Будто вспомнив июльскую сушь.

 

Ну а после, чуть солнце в печали

Утонуло средь пней и грибниц,

Долго птицы о чем-то кричали,

Хоть казалось, что нет уже птиц…

 

* * *

О, женских имен нестерпимая музыка!

Как много их было, как мало осталось!

Но каждое делало чуть седоусее,

Но каждое тихо ночами шепталось.

 

Одни оглушали звучаньем тревожащим,

Другие горчили в набухшей гортани.

– Зачем я их помню? – твердил себе. – Вот еще…

Марина, Валюшенька, Олечка, Таня…

 

Записки… Улыбочки: «Будьте серьезнее…

Я замужем, мне флиртовать не пристало…».

И долго болело – напрасное, позднее:

«Эльвира…». И глухо звучащее: «Алла…».

 

А дома ждала меня женщина хмурая,

С глазами, в которых таилось такое,

Что взглядом проплачет: «Какая же дура я!..».

И ходишь, и молишь: «Ну, Зоенька… Зоя…».

 

Зароешься носом в роскошные волосы,

Смиренно попросишь тряпчонку для пыли…

Тайком к телефону… И тихо, вполголоса:

«Хорошая, вы так давно не звонили…».

 

Достанешь порою блокнотик зелененький,

Где блеклые строчки видны еле-еле…

Неведомо где и Марины, и Оленьки,

И все телефоны давно устарели.

 

А в женщине встречной, судьбою зашуганной,

Узнаешь вдруг ту, что казалась святою,

Но женщина только посмотрит испуганно,

И, взгляд опустив, обойдет стороною…

 

* * *

Узколицая тень всё металась по стареньким сходням,

И мерцал виновато давно догоревший костер…

А поближе к полуночи вышел отец мой в исподнем,

К безразличному небу худые ладони простер.

 

И чего он хотел?.. Лишь ступней необутой примятый,

Побуревший листочек все рвался лететь в никуда.

И ржавела трава… И клубился туман возле хаты…

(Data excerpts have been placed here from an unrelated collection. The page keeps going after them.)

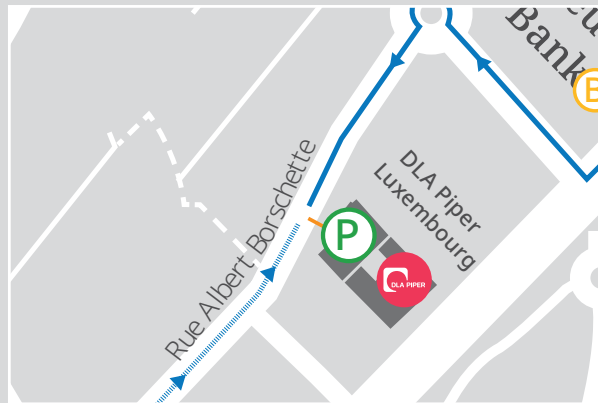

DLA Piper Luxembourg - How to find us

How to get here

RAIL

The train station is only 15 minutes from our office, via N1 and N2.

AIRPORT

The airport is only 10 minutes from our office, via the A1, exit 8.

PARKING

DLA Piper has pre-bookable client parking facility located at 8 rue Borschette (-1 floor), L-1246 Luxembourg.

Our address

37A boulevard John F. Kennedy
L-1855 Luxembourg
+352 26 29 04 1

KEY

 DLA Piper  Parking  Railway Station  Airport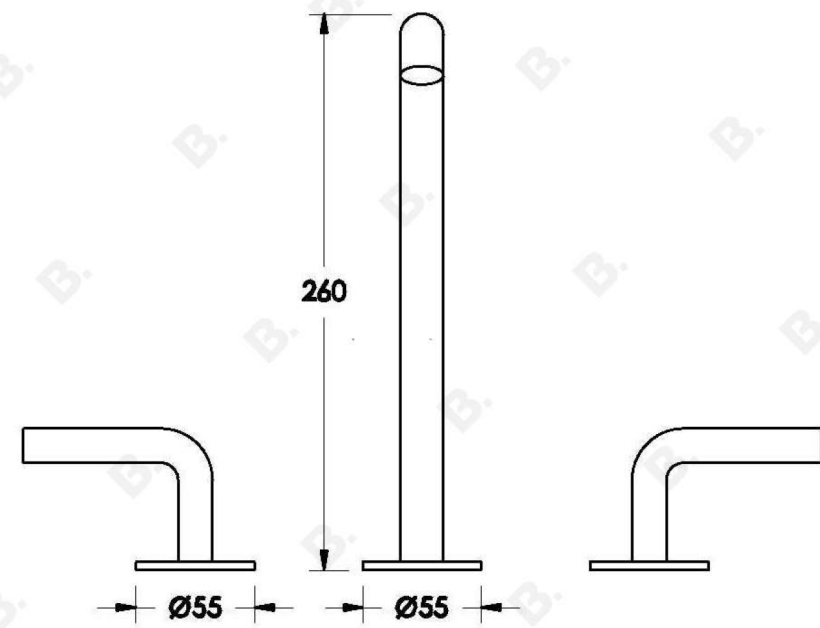

NANOBAR KITCHEN SET WITH METAL LEVERS

1.9207.09.3.XX

PRODUCT DIMENSIONS:

Front view:

Side view:

Top view:

Да в озябшем колодце звезду поглотила вода.

 

Затаилась луна… И ползла из косматого мрака

Золоченая нежить, чтоб снова ползти в никуда…

Вдалеке завывала простуженным басом собака

Да надрывно гудели о чем-то своем провода.

 

Так отцова рука упиралась в ночные просторы,

Словно отодвигая подальше грядущую жуть,

Что от станции тихо отъехал грохочущий «скорый»,

Чтоб во тьме растворяясь, молитвенных слов не спугнуть…

 

И отец в небесах…

И нет счета все новым потерям.

И увядший букетик похож на взъерошенный ил…

Но о чем он молился в ночи, если в Бога не верил?..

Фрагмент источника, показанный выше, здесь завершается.